In many countries around the world, much the same will apply as shop tills – especially at confectionaries and florists – produce a veritable cacophony of rings and bleeps as they hope for record sales. The US, where what has been called the commercialisation of Cupid had its origins, will lead the way in terms of messages and gifts delivered and romantic dinners consumed.

But this year will also see a further decline in the very element that started the modern Valentine’s Day celebration: the card. Millions of these will now flit electronically from computer to computer. And not many people involved will bother to think about the implications of this any more than they may know about the origins and history of the
day itself.

But fewer physical cards means less work for printers and for those who supply the materials for such production. There is also less work for postal sorters and deliverers. In the greater scheme of things, this is minor, but it is a reflection of how the march of progress affects jobs.

A slightly more dramatic example came quite soon after the first Valentine’s cards were mass-produced by the daughter of a printer and stationery shop owner in the town of Worcester in the US. In 1847, a young Esther Howland, copying the ornate handmade cards produced in England, began producing cards using an assembly line approach, employing local women.

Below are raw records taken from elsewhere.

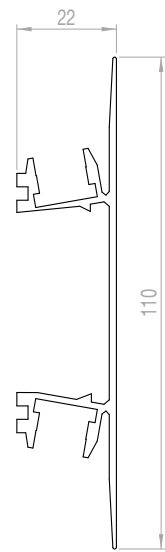

- 1
- 2
- 3

- 4
- 5
- 6
- 7

EAN10	Product Name	Box Composition	L	W	H
6977078997805	1 FX-QMP-G1-TU56H70-BK-010QMP Aluminium profile 1 m TU56H70 G1 Black	1 pc	1000 mm	56 mm	70 mm
6977078997836	2 FX-QMP-G1-TU56H70-BK-015QMP Aluminium profile 1,5 m TU56H70 G1 Black	1 pc	1500 mm	56 mm	70 mm
6977078997867	3 FX-QMP-G1-TU56H70-BK-020QMP Aluminium profile 2 m TU56H70 G1 Black	1 pc	2000 mm	56 mm	70 mm
6977078997898	1 FX-QMP-G1-TU56H70-WH-010QMP Aluminium profile 1m TU56H70 G1 White	1 pc	1000 mm	56 mm	70 mm
6977078997928	2 FX-QMP-G1-TU56H70-WH-015QMP Aluminium profile 1,5 m TU56H70 G1 White	1 pc	1500 mm	56 mm	70 mm
6977078997959	3 FX-QMP-G1-TU56H70-WH-020QMP Aluminium profile 2 m TU56H70 G1 White	1 pc	2000 mm	56 mm	70 mm
6977078998192	4 FX-QMP-G1-CFDP-TU56H70-010QMP Cover Flat Frosted PU 1 m G1	1 pc	1000 mm	49 mm	2 mm
6977078998222	5 FX-QMP-G1-CFDP-TU56H70-020QMP Cover Flat Frosted PU 2m G1	1 pc	2000 mm	49 mm	2 mm
6977078998253	6 FX-QMP-G1-CFMP-TU56H70-010QMP Cover Flat Microprismatic PU 1 m G1	1 pc	1000 mm	49 mm	2 mm
6977078998284	7 FX-QMP-G1-CFMP-TU56H70-020QMP Cover Flat Microprismatic PU 2 m G1	1 pc	2000 mm	49 mm	2 mm

ACCESSORIES

2

2

4

6

SPECIAL PROFILES

Wall profile 25x110 mm

- 1
- 2
- 3

EAN10	Product Name	Box Composition	L	W	H
6977078998017	1 FX-QMR-G1-TT25H110-BK-005QMR Aluminium profile 0,5 m TT25H110 G1 Black	1 pc	500 mm	22 mm	110 mm
6977078998048	2 FX-QMR-G1-TT25H110-BK-010QMR Aluminium profile 1 m TT25H110 G1 Black	1 pc	1000 mm	22 mm	110 mm
6977078998079	3 FX-QMR-G1-TT25H110-BK-015QMR Aluminium profile 1,5 m TT25H110 G1 Black	1 pc	1500 mm	22 mm	110 mm
6977078998109	1 FX-QMR-G1-TT25H110-WH-005QMR Aluminium profile 0,5 m TT25H110 G1 White	1 pc	500 mm	22 mm	110 mm
6977078998130	2 FX-QMR-G1-TT25H110-WH-010QMR Aluminium profile 1m TT25H110 G1 White	1 pc	1000 mm	22 mm	110 mm
6977078998161	3 FX-QMR-G1-TT25H110-WH-015QMR Aluminium profile 1,5 m TT25H110 G1 White	1 pc	1500 mm	22 mm	110 mm

But it was only a matter of time before the cutting, pasting and folding needed was done by machine. However, Worcester developed into a centre for textile and shoe manufacturing that provided new jobs, until that too succumbed to cheaper, faster imports.

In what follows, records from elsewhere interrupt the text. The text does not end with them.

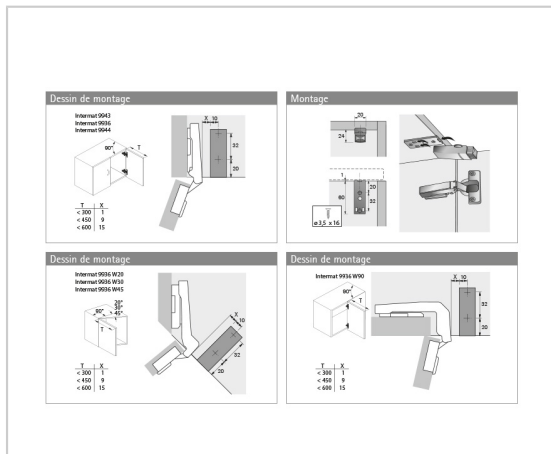

AMORTISSEUR DE PORTE À VISSER SILENT SYSTEM

HETTICH

Course de l'amortisseur réglable par molette permettant d'en modifier la force.

A partir d'un poids de façade de 13.5 kg, utiliser deux amortisseurs.

RÉFÉRENCE	MONTAGE	PRIX HT	PRIX TTC	UNITÉ DE VENTE
0 060 579	En applique / En demi-applique	7,59 €	9,11 €	l'unité
0 060 580	Intérieur	7,59 €	9,11 €	l'unité

Caractéristiques :

- Décor : Nickelé
- Matériau : Zamac

Tarifs valables le 26/04/2024
<https://www.qama.fr/amortisseur-de-porte-a-visser-silent-system-p23450>

45 000 références
dont 30 000 disponibles
en stock

At the time that Howland and her all-female assembly line were producing cards, these had to be posted. This required envelopes, which were also then largely handmade. But a local doctor, perhaps inspired by the success of Howland’s Valentine’s cards, invented an envelope machine.

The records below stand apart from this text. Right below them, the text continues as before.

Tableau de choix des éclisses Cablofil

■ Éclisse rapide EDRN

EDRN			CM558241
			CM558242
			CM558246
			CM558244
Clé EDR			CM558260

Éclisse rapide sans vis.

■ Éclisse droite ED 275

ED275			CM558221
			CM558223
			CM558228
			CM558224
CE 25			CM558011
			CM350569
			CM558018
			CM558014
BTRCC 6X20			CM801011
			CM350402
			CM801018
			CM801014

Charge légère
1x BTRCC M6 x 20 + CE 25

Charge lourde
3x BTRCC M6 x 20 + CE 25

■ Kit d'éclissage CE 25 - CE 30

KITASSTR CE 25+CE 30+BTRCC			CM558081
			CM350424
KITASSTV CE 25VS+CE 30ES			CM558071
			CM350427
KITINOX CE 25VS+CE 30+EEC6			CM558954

Dr Russell L Hawes went on to develop a self-feeding device that further reduced the number of workers required. Instead of the hundreds of envelopes that one worker could produce in a day, the machine produced more than 10 000.

At the same time in Europe, there was a similar surge of labour-saving inventiveness.

This led radical thinkers such as Karl Marx and Friedrich Engels to postulate that this would lead to “an epidemic that, in all earlier epochs, would have seemed an absurdity — the epidemic of overproduction”. They were right, and it did.

It led to a series of booms and slumps that culminated in the massive extension of credit that played a major role in the current and ongoing economic crisis.

So the history of Valentine’s Day cards provides a glimpse of how technological advances resulted in job shedding, but in days when there were still other jobs to go to.